Start of Supplied information

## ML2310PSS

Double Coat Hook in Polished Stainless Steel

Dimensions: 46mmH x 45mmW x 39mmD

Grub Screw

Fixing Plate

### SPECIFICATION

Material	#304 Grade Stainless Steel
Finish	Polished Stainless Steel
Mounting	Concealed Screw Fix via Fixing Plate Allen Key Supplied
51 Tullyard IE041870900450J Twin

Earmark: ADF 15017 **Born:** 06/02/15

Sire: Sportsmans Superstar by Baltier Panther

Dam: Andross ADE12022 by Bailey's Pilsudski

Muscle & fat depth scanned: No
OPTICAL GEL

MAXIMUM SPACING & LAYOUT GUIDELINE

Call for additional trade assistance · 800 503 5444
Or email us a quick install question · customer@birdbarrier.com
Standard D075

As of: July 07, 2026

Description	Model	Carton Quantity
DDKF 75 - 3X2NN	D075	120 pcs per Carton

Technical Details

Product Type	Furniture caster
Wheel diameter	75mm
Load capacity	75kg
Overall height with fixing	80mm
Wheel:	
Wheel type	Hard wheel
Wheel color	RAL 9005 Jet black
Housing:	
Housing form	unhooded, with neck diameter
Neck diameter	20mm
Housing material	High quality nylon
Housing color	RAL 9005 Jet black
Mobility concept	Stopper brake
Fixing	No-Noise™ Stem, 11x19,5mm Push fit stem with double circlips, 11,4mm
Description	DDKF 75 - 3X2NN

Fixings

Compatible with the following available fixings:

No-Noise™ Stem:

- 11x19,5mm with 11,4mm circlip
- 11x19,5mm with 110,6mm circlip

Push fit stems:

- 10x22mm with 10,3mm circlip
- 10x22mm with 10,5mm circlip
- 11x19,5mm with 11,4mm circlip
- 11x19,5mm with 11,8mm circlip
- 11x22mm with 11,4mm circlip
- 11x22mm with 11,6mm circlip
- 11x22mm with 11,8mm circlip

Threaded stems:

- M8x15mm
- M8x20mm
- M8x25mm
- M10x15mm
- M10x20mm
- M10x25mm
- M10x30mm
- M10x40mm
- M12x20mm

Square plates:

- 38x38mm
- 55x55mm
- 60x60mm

End of Supplied information

[Your goal]
Could you reproduce all of the entries above exactly?

[Problem solution]
## ML2310PSS

Double Coat Hook in Polished Stainless Steel

Dimensions: 46mmH x 45mmW x 39mmD

Grub Screw

Fixing Plate

### SPECIFICATION

Material	#304 Grade Stainless Steel
Finish	Polished Stainless Steel
Mounting	Concealed Screw Fix via Fixing Plate Allen Key Supplied
51 Tullyard IE041870900450J Twin

Earmark: ADF 15017 **Born:** 06/02/15

Sire: Sportsmans Superstar by Baltier Panther

Dam: Andross ADE12022 by Bailey's Pilsudski

Muscle & fat depth scanned: No
OPTICAL GEL

MAXIMUM SPACING & LAYOUT GUIDELINE

Call for additional trade assistance · 800 503 5444
Or email us a quick install question · customer@birdbarrier.com
Standard D075

As of: July 07, 2026

Description	Model	Carton Quantity
DDKF 75 - 3X2NN	D075	120 pcs per Carton

Technical Details

Product Type	Furniture caster
Wheel diameter	75mm
Load capacity	75kg
Overall height with fixing	80mm
Wheel:	
Wheel type	Hard wheel
Wheel color	RAL 9005 Jet black
Housing:	
Housing form	unhooded, with neck diameter
Neck diameter	20mm
Housing material	High quality nylon
Housing color	RAL 9005 Jet black
Mobility concept	Stopper brake
Fixing	No-Noise™ Stem, 11x19,5mm Push fit stem with double circlips, 11,4mm
Description	DDKF 75 - 3X2NN

Fixings

Compatible with the following available fixings:

No-Noise™ Stem:

- 11x19,5mm with 11,4mm circlip
- 11x19,5mm with 110,6mm circlip

Push fit stems:

- 10x22mm with 10,3mm circlip
- 10x22mm with 10,5mm circlip
- 11x19,5mm with 11,4mm circlip
- 11x19,5mm with 11,8mm circlip
- 11x22mm with 11,4mm circlip
- 11x22mm with 11,6mm circlip
- 11x22mm with 11,8mm circlip

Threaded stems:

- M8x15mm
- M8x20mm
- M8x25mm
- M10x15mm
- M10x20mm
- M10x25mm
- M10x30mm
- M10x40mm
- M12x20mm

Square plates:

- 38x38mm
- 55x55mm
- 60x60mm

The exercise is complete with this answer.